ITS Services Status
UPDATE 8/20/2013 at 4:24 p.m.
ITS Systems has worked with the vendor to identify the root cause of the failure and will be documenting the incident in a failure report to be shared with campus via it-updates and Tech Staff Forums per the ITS Incident Communication Policy.
Systems staff believe they have identified the application causing excessive processes to be created in the ITS Central RAC Oracle database environment resulting in service unavailability.
At this time all database schemas in that environment should be available.
ITS Systems staff will continue to monitor the situation.
Oracle support has been contacted and a case has been opened at the highest level of urgency to assist in resolving this problem.
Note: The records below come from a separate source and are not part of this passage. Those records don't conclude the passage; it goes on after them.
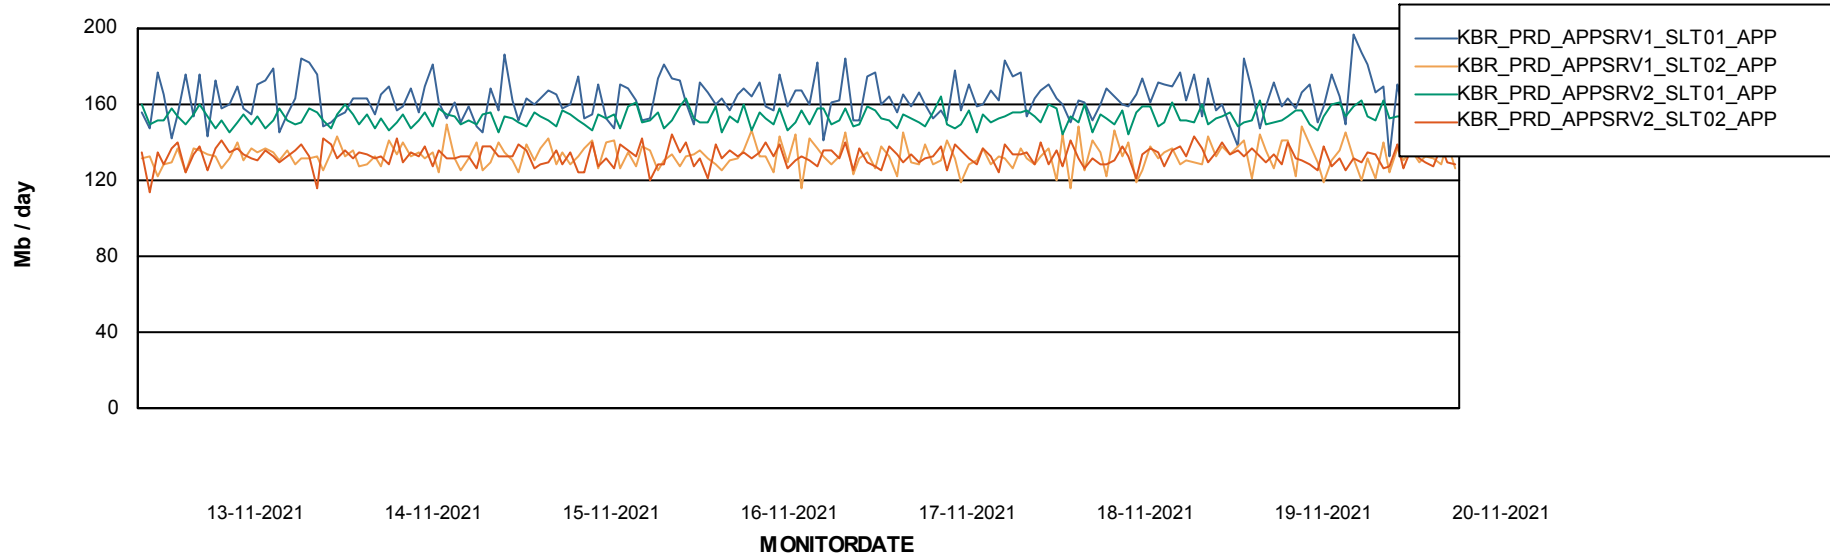

Database growth over last month

Database Tablespace KBR_PRD_DB-SRV1_DB

Date	Tablespace Name	Filesize (Gb)	Usedsize (Gb)	Percentage free
20-11-2021	ABSDATA	4	1	65
	INDX	8	0	100
19-11-2021	ABSDATA	4	1	65
	INDX	8	0	100
18-11-2021	ABSDATA	4	1	65
	INDX	8	0	100
17-11-2021	ABSDATA	4	1	65
	INDX	8	0	100
16-11-2021	ABSDATA	4	1	65
	INDX	8	0	100
15-11-2021	ABSDATA	4	1	74
	INDX	8	0	100
14-11-2021	ABSDATA	4	1	75
	INDX	8	0	100

Weekly SLA Customer Report

Customer KBR_Production
Database ID 117

ABSSolute Application Server Services

Avg memory used per ABS Server Service

Weekly SLA Customer Report

Customer KBR_Production
Database ID 117
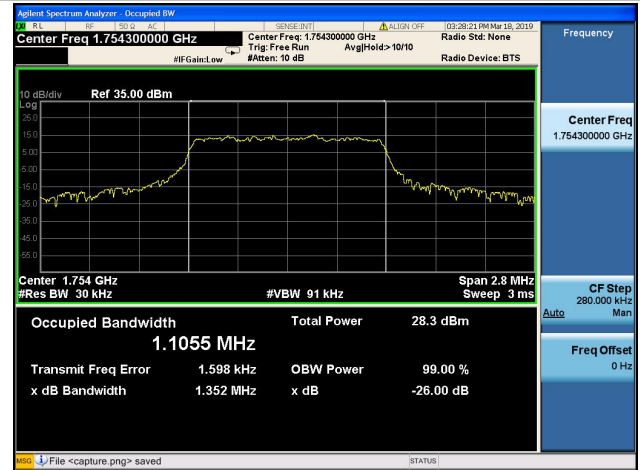

**LTE Band 4 99%&26dB Bandwidth**

**1.4MHz/QPSK/Low CH**

**1.4MHz/16QAM/Low CH**

**1.4MHz/QPSK/Mid CH**

**1.4MHz/16QAM/Mid CH**

### 1.4MHz/QPSK/High CH

### 1.4MHz/16QAM/High CH
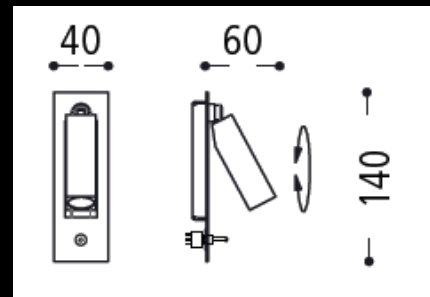

Specification Sheet

64.166.14

chrome
incl. 1W LED, ca. 2.700 Kelvin
with on/off-switch
LED driver included (added as loose part)

also available

64.165.14
chrome
without micro-switch

in brass dull (03) / copper (05) / silver (15) /
dark bronzed (54)
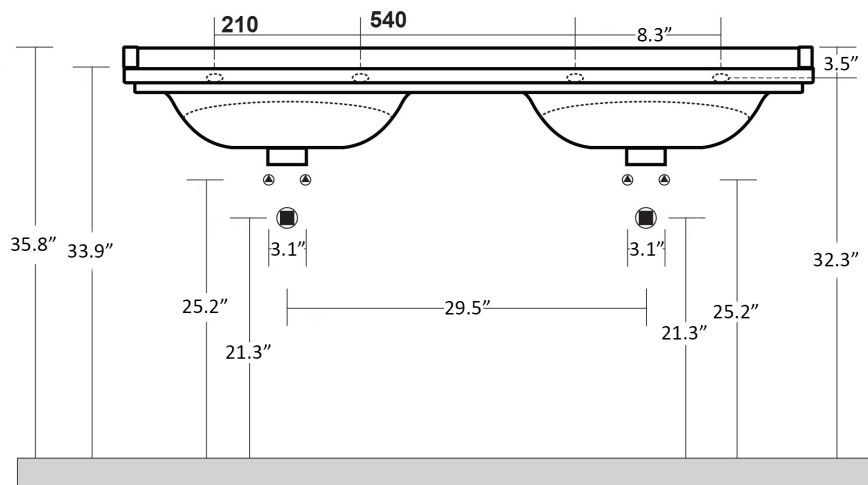

Codes & Standards:

- ADA Compliant

* WS Bath Collections reserves the right to revise dimensions or information on this sheet without notice

Collection |
Waldorf

Model |
Waldorf 4143K1

Dimensions Metric

1 inch = 2.54 cm

1 inch = 25.4 mm

WS[®]
BATH
COLLECTIONS

1051 Lea Drive - Collegeville, PA 19426
Tel. 215 513 9400 - Fax 610 831 0215

www.ws bathcollections.com - info@ws bathcollectins.com

Collection
Waldorf

Model |
Waldorf 4143K1

Dimensions Metric
1 inch = 2.54 cm
1 inch = 25.4 mm

WS[®]
BATH
COLLECTIONS

1051 Lea Drive - Collegeville, PA 19426
Tel. 215 513 9400 - Fax 610 831 0215

www.ws bathcollections.com - info@ws bathcollections.com

The instability on one node has caused other nodes instability as well. FIS has been affected. Updates to follow at 1:00 or sooner depending on activities and resolution.
ITS Systems continues to work on resolving the problem.
36 databases are available, responding (never impacted)
14 databases are unavailable (on node being overloaded).
Systems staff were alerted via automated monitoring that a node within the ITS Central RAC service became unavailable at 10:34. The Oracle environment has a connection limit set to stop denial of service attacks. This limit has not been exceeded in the past, however Fall activities may have caused the limit to be exceeded, resulting in database unavailability. The Oracle DBAs are increasing and monitoring the connection limit in the Central RAC pool. This will require a reload of the Oracle databases on all 3 nodes in the cluster, which may result in additional outages.
An update will be provided at 11:30 or earlier depending on problem resolution.
At 10:34 one of the clustered nodes in the ITS Oracle Central RAC became unavailable. Systems staff are investigating. An update will be issued at 10:45.
Last updated on Aug 20, 2013 4:26 PM